The News Bureau room of the Office of War Information (OWI), November 1942, at about the same time Howard Fast started writing Voice of America newscasts. The photograph’s official caption said: “It is arranged much the same way as the city room of a daily newspaper. Here, war news of the world is disseminated. In the foreground, are editors’ desks handling such special services as trade press, women’s activities, and campaigns. The news desk is in the background.” Smith, Roger, photographer. Library of Congress Prints and Photographs Division Washington, D.C. 20540.

VOA logo, 2019.
Yankee Doodle Voice of America (VOA) signature tune reportedly proposed by VOA chief news writer (1942-1943) Howard Fast who later received the 1953 Stalin International Peace Prize.

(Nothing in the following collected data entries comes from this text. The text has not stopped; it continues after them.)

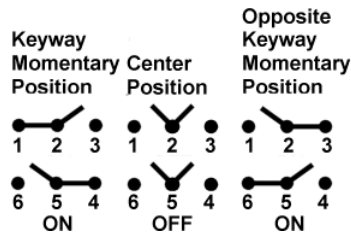

**Need help?**

[Click here to contact us](#)

Actual product appearance may vary.

TL Series Toggle Switch, 2 pole, 3 position, Screw terminal, Special Design Lever

[Sales & Service](#)

[Distributor Inventory](#)

[Overview](#) [Specs](#) [Documentation](#) [Application Notes](#)

**Product Specifications**

Circuitry/Operating action

Product Type	MICRO SWITCH™ Toggle Switch
Ampere/Voltage Range (Resistive Load)	0.75 A at 115 Vdc, 0.5 A to 10 A at 0.5 Vac to 277 Vac, 0.5 A to 18 A at 0.5 Vdc to 28 Vdc, 0.5 A at 250 Vdc
Circuitry	DPDT
Action	3 position
Mounting	Bushing 15/32 in
Termination	Screw
Lever Type	Special Design
UL/CSA	L192: 10 A-125, 250, 277 Vac; 1/4 Hp-125 Vac; 1/2 Hp-250, 277 Vac; 3 A-125 Vac "L"
Comment	Delrin lever
Availability	Global
UNSPSC Code	30211908
UNSPSC Commodity	30211908 Toggle switches
Series Name	TL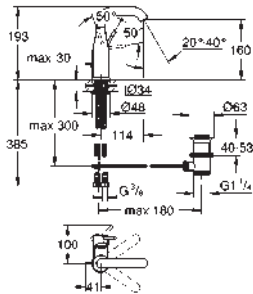

23 462 001 **chrome** **185.00**
23 462 DC1 **supersteel** **225.00**
23 462 *** **SPA colours** **225.00**
Essence
Single-lever basin mixer 1/2"
M-Size
single hole installation
metal lever
GROHE SilkMove 28 mm ceramic cartridge
with temperature limiter
GROHE StarLight chrome finish
GROHE EcoJoy mousseur 5.7 l/min
GROHE AquaGuide adjustable mousseur
GROHE QuickFix Plus installation system
swivel spout with mousseur and stop limiter
pop-up waste set 1 1/4"
flexible connection hoses
min. recommended pressure 1.0 bar

*** SPA colours:

- BE ● GL ● DA ● A0
- EN ● GN ● DL ● AL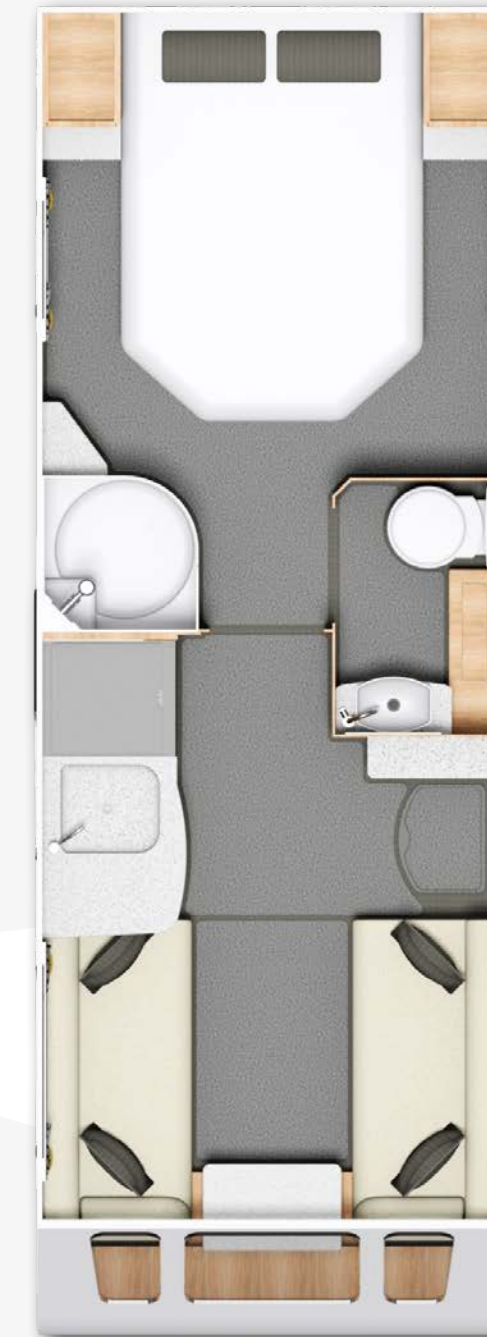

affinity 550

Classical and elegant.

The elegant 550 boasts a rear island bed layout with abundant hanging wardrobe space and cabinetry, with spacious separate washroom and shower cubicle which can be closed off from the living space to provide a real home-from-home feeling.

The lavishly appointed living area and kitchen combine to provide a wonderfully classical and elegant touring space.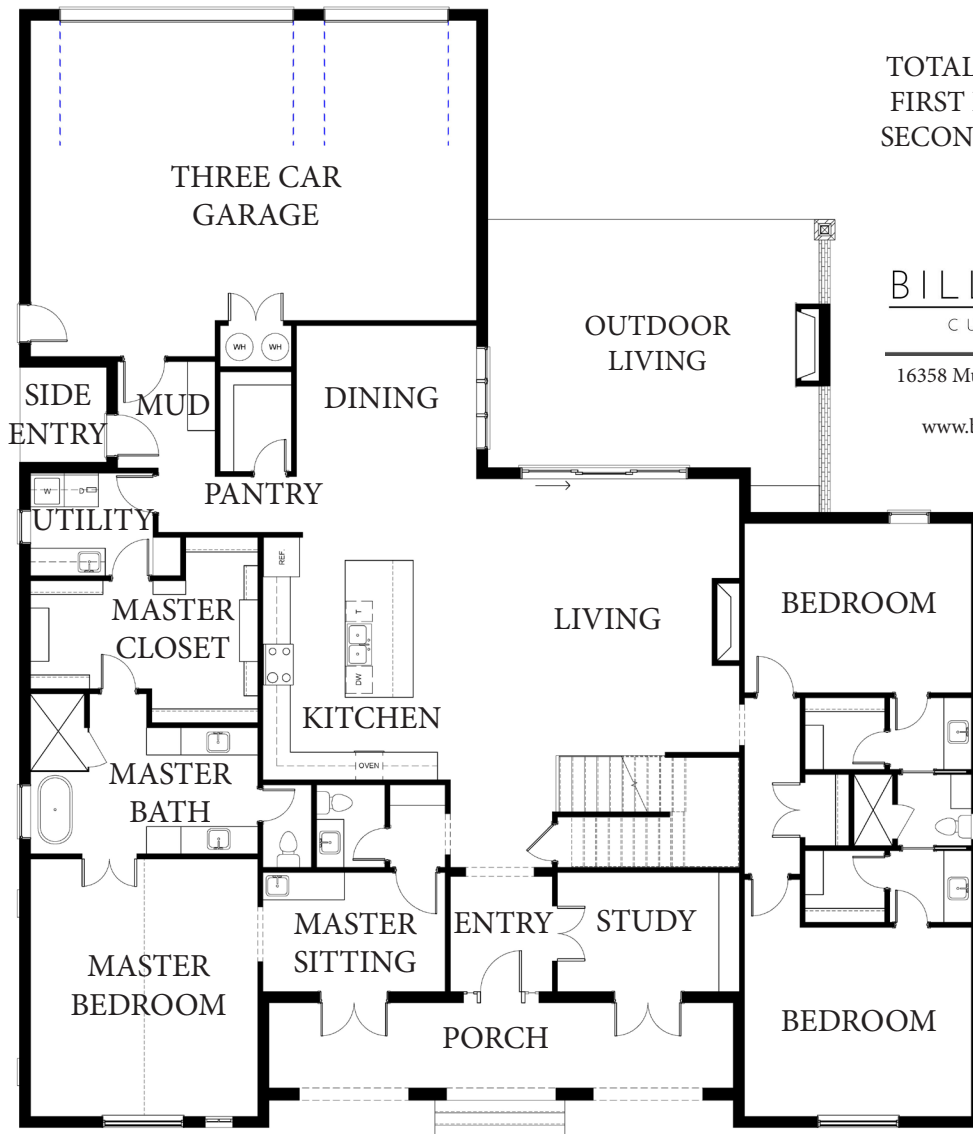

COPYRIGHT © BILL ROBERTS CUSTOM HOMES LLC.

6216 Hazeltine Drive - Turnberry at Oak Tree

TOTAL SQ. FT. = 3,790 SQ. FT.
 FIRST FLOOR = 3,293 SQ. FT.
 SECOND FLOOR = 497 SQ. FT.

BILL ROBERTS
 CUSTOM HOMES

16358 Muirfield Pl. Edmond OK, 73013
 (405)359-0275
www.billrobertscustomhomes.com

COPYRIGHT © BILL ROBERTS CUSTOM HOMES LLC.

6216 Hazeltine Drive- Second Floor

TOTAL SQ. FT. = 3,790 SQ. FT.
 FIRST FLOOR = 3,293 SQ. FT.
 SECOND FLOOR = 497 SQ. FT.

BILL ROBERTS
 CUSTOM HOMES

16358 Muirfield Pl. Edmond OK, 73013
 (405)359-0275
www.billrobertscustomhomes.com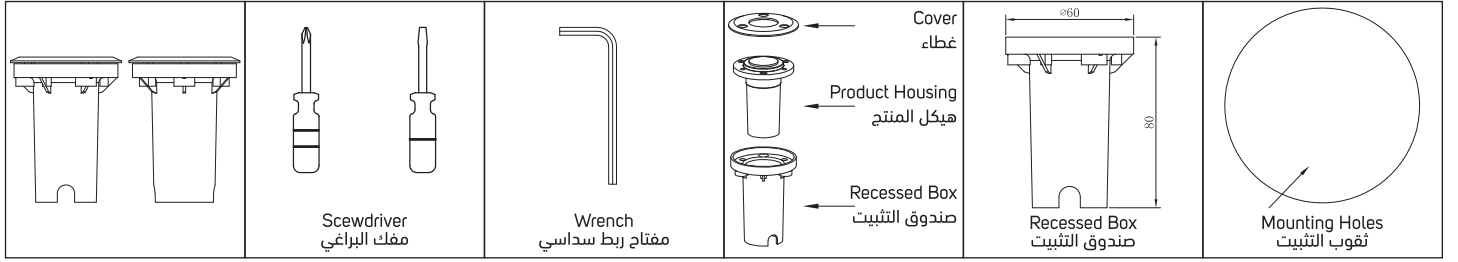

Attentions:

- Luminaire should be installed by professional electrician.
- Check the power switch has been turned off.
- Please read this user guide carefully before installation and keep for future reference.
- If the cable or flexible external wire of this lamp is damaged, it must be replaced exclusively by the manufacturer, its service agent or a qualified technician to avoid a hazard.
- Terminal block not included, Installation must be carried out by a qualified technician.
- The light source in this lighting unit should only be replaced by the manufacturer, his service agent or a qualified technician.

تنبيهات:

- يجب أن يتم تثبيت وحدة الإضاءة بواسطة كهربائي محترف.
- تحقق من إغلاق مفتاح التشغيل.
- يرجى قراءة دليل المستخدم بعناية قبل التثبيت، والاحتفاظ به للرجوع إليه في المستقبل.
- في حالة تلف الكبل أو السلك الخارجي المرن لهذا المصباح، يجب استبداله حصرياً من قبل الشركة المصنعة أو وكيل الخدمة الخاص به أو فني مؤهل لتجنب حدوث خطر.
- المنتج لا يتضمن صندوق التوصيل، يجب أن يتم التثبيت من قبل فني مؤهل.
- يجب استبدال مصدر الضوء الموجود في وحدة الإضاءة هذه فقط من قبل الشركة المصنعة أو وكيل الخدمة الخاص به أو فني مؤهل.

Model	ILS1.5RMOIGLO1	ILS1.5RMOIGLO1	الموديل
Power	1.6W	١,٦ واط	القدرة
Input Voltage & Frequency	AC100-240V,50/60Hz	تيار متردد ١٠٠-٢٤٠ فولت، ٥٠/٦٠ هيرتز	الجهد الكهربائي والتردد
IP	67	٦٧	درجة الحماية
TA	-30°C~45°C	٣٠-~٤٥ درجة	درجة الحرارة

COMPONENTS AND TOOLS
المكونات والأدوات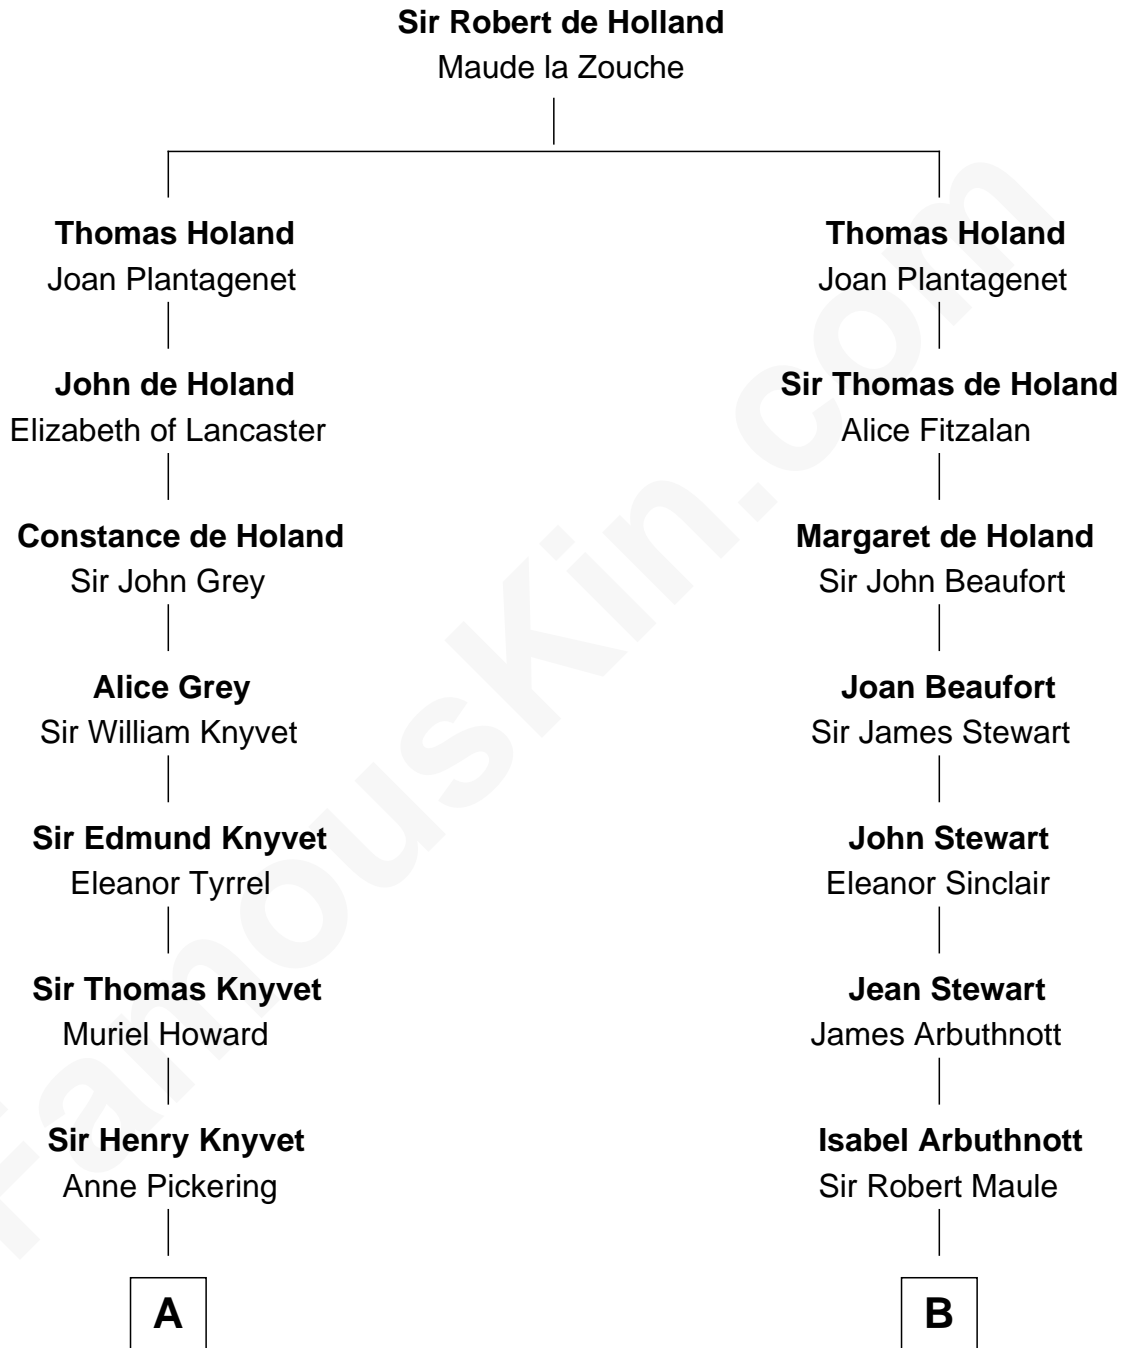

FamousKin.com
Relationship Chart of
Tilda Swinton
Movie Actress

17th cousin 2 times removed of

Edith (Bolling) Wilson
First Lady of President Woodrow Wilson

A

Alice Knyvet
Christopher Dacre

Henry Dacre
of Corby Salkeld

Timothy Fetherstonhaugh
Eliza Were Clarke

Albany Fetherstonhaugh
Evelyn Gertrude Astell

Gertrude Clare Fetherstonhaugh
Cecil George Herbert Alers-Hankey

C

B

William Maule
Bethia Guthrie

Eleanor Maule
Sir Alexander Morrison

 “I established contact at the Soviet embassy with people who spoke English and were willing to feed me important bits and pieces from their side of the wire. I had long ago, somewhat facetiously, suggested ‘Yankee Doodle’ as our musical signal, and now that silly little jingle was a power cue, a note of hope everywhere on earth…” 1

Howard Fast, 1953 Stalin Peace Prize winner, best-selling author, journalist, former Communist Party member and reporter for its newspaper The Daily Worker, decribing his role as the chief writer of Voice of America (VOA) radio news translated into multiple languages and rebroadcast for four hours daily to Europe through medium wave transmitters leased from the BBC in 1942-1943. Howard Fast, Being Red (Boston: Houghton Mifflin Company, 1990), pp. 18-19.

Notes:

  1. Howard Fast, Being Red (Boston: Houghton Mifflin Company, 1990), 18-19.